Warning: marshaling is currently not type-safe. The type of marshaled data is not transmitted along the value of the data, making it impossible to check that the data read back possesses the type expected by the context. In particular, the result type of the Marshal.from_* functions is given as 'a, but this is misleading: the returned Caml value does not possess type 'a for all 'a; it has one, unique type which cannot be determined at compile-type. The programmer should explicitly give the expected type of the returned value, using the following syntax: (Marshal.from_channel chan : type). Anything can happen at run-time if the object in the file does not belong to the given type.

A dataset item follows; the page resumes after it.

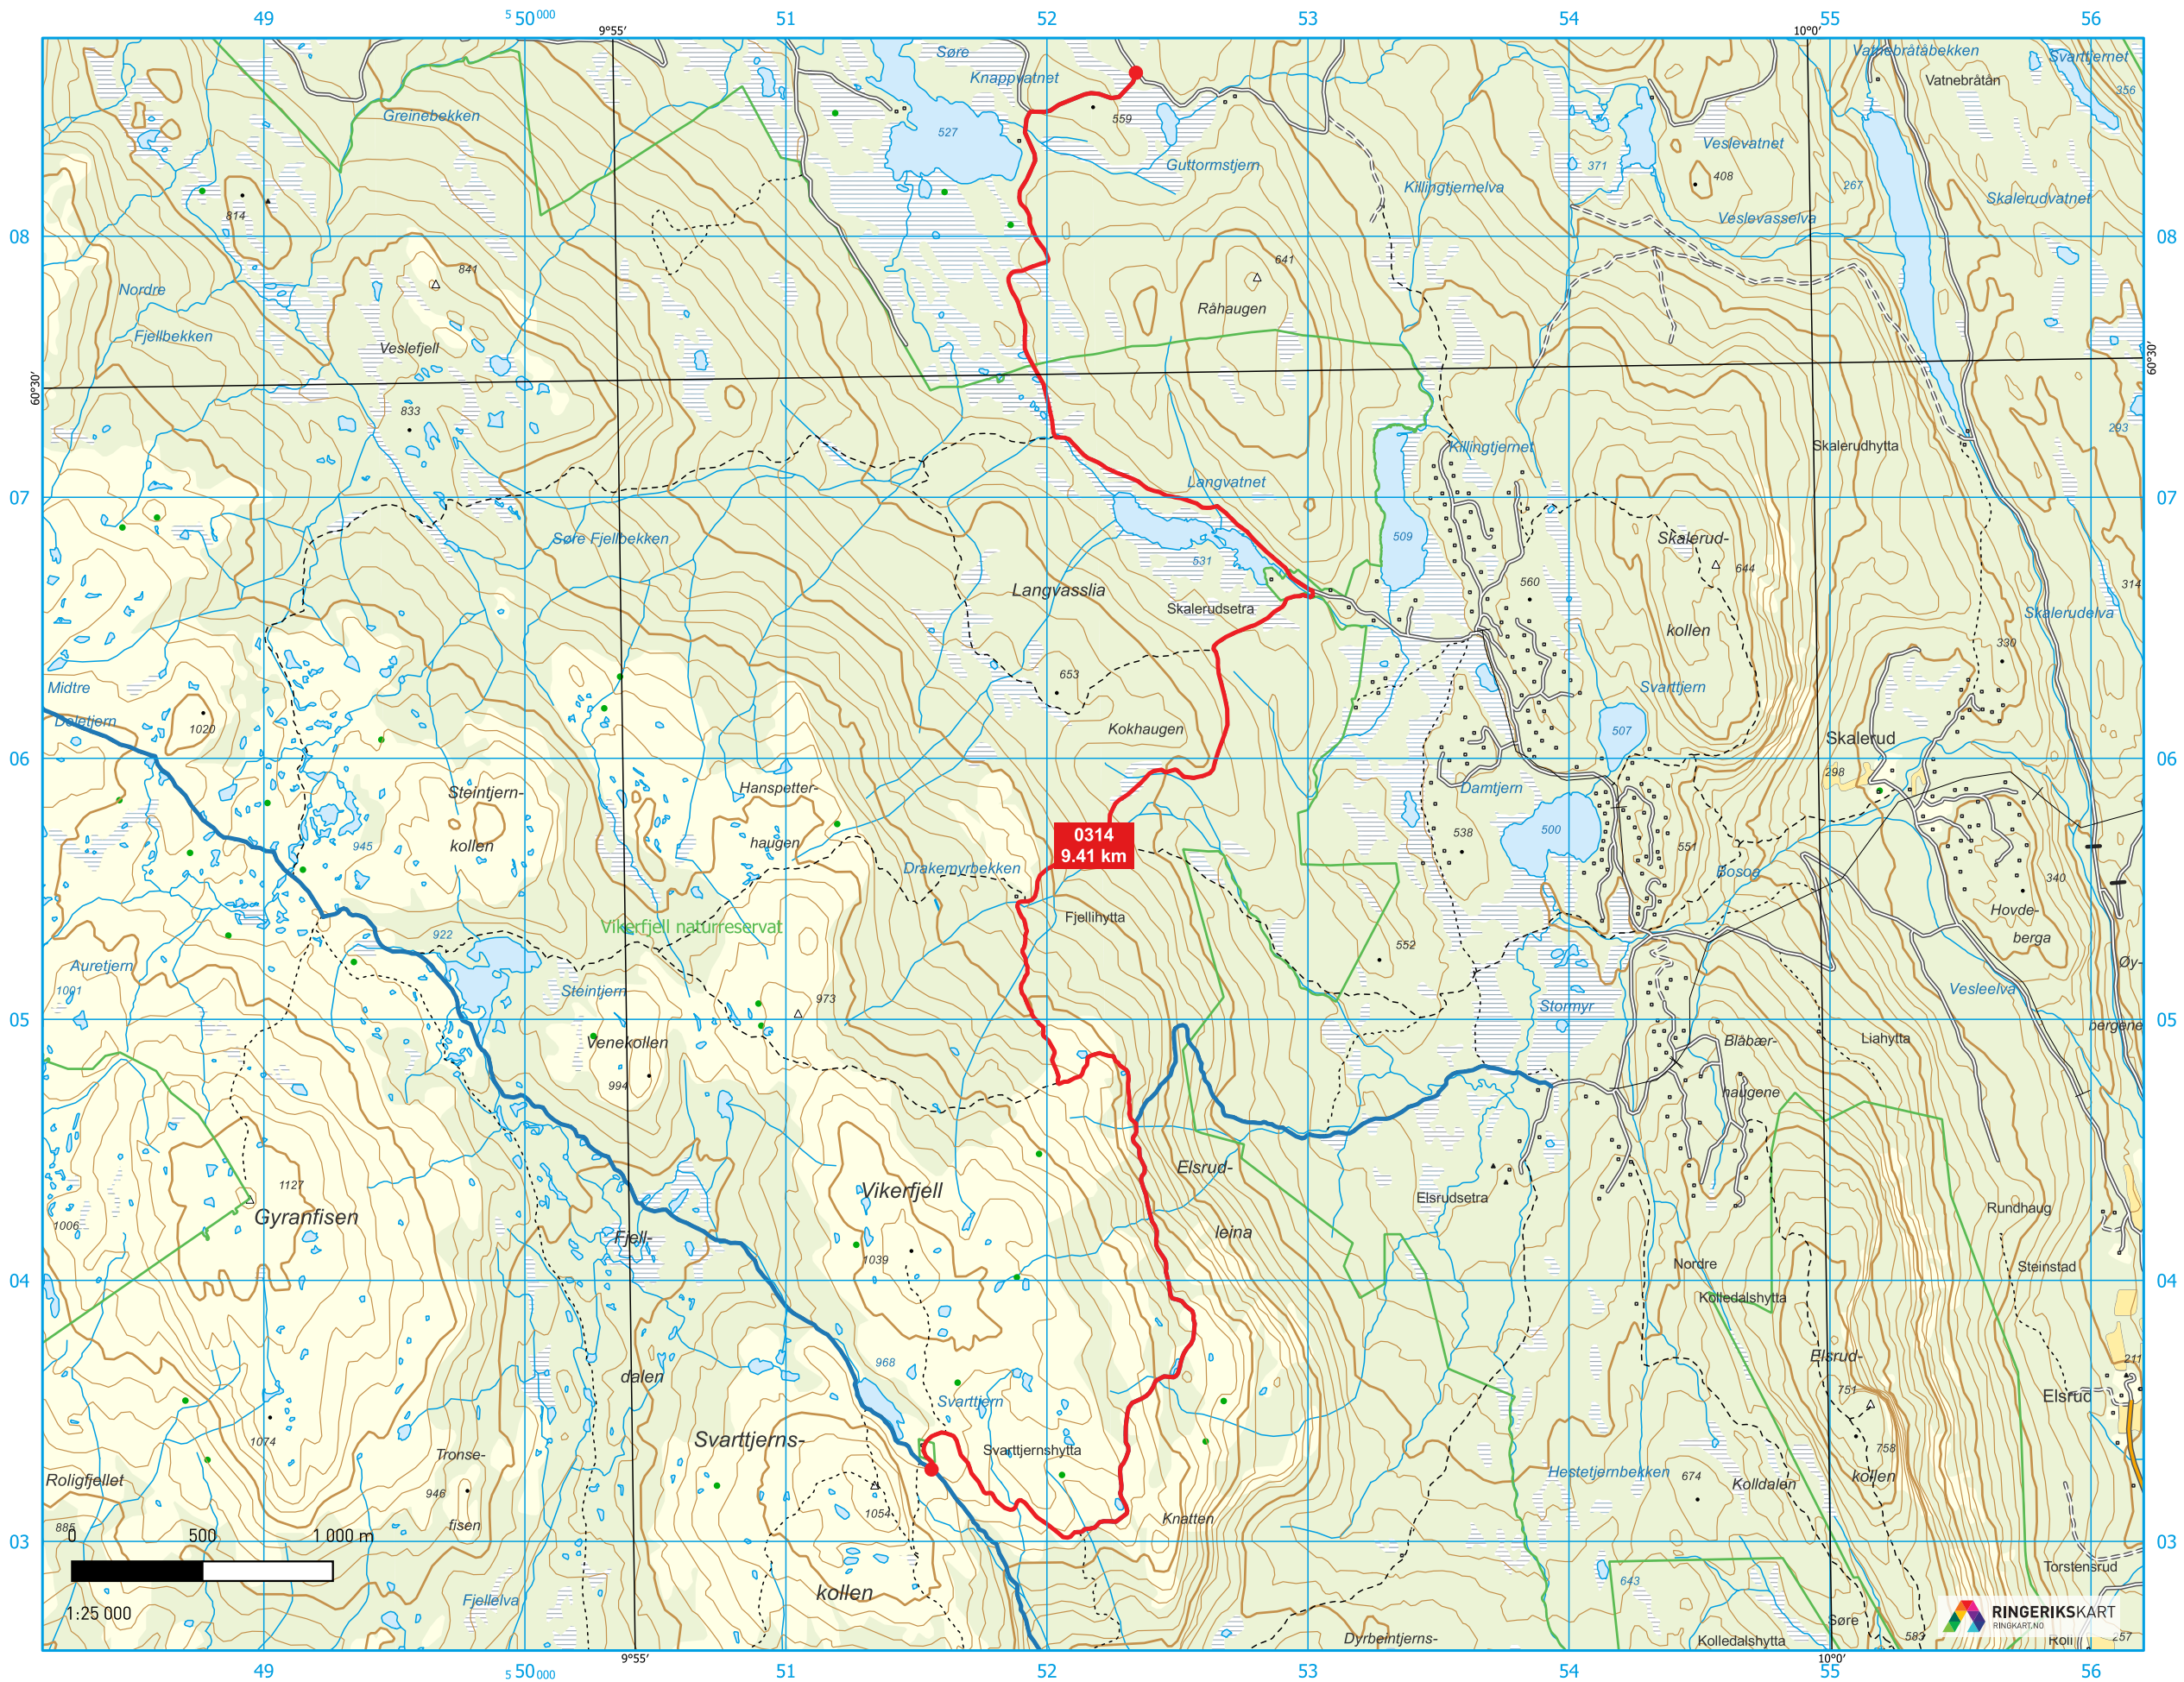

RUTER 0314 - GUTTORMSTJERN - SVARTTJERN

OVERSIKTSKART:

1:500 000

TEGNFORKLARING:

ANSVARLIG/EIER:

The representation of marshaled values is not human-readable, and uses bytes that are not printable characters. Therefore, input and output channels used in conjunction with Marshal.to_channel and Marshal.from_channel must be opened in binary mode, using e.g. open_out_bin or open_in_bin; channels opened in text mode will cause unmarshaling errors on platforms where text channels behave differently than binary channels, e.g. Windows.
type extern_flags = No_sharing (* Don't preserve sharing *) | Closures (* Send function closures *)
val to_channel: out_channel -> 'a -> extern_flags list -> unit
If flags does not contain Marshal.No_sharing, circularities and sharing inside the value v are detected and preserved in the sequence of bytes produced. In particular, this guarantees that marshaling always terminates. Sharing between values marshaled by successive calls to Marshal.to_channel is not detected, though. If flags contains Marshal.No_sharing, sharing is ignored. This results in faster marshaling if v contains no shared substructures, but may cause slower marshaling and larger byte representations if v actually contains sharing, or even non-termination if v contains cycles.
If flags does not contain Marshal.Closures, marshaling fails when it encounters a functional value inside v: only ``pure'' data structures, containing neither functions nor objects, can safely be transmitted between different programs. If flags contains Marshal.Closures, functional values will be marshaled as a position in the code of the program. In this case, the output of marshaling can only be read back in processes that run exactly the same program, with exactly the same compiled code. (This is checked at un-marshaling time, using an MD5 digest of the code transmitted along with the code position.)
val to_string: 'a -> extern_flags list -> string
val to_buffer: string -> int -> int -> 'a -> extern_flags list -> int
val from_channel: in_channel -> 'a
val from_string: string -> int -> 'a
val header_size : int val data_size : string -> int -> int val total_size : string -> int -> int
To read the byte representation of a marshaled value into a string buffer, the program needs to read first Marshal.header_size characters into the buffer, then determine the length of the remainder of the representation using Marshal.data_size, make sure the buffer is large enough to hold the variable size, then read it, and finally call Marshal.from_string to unmarshal the value.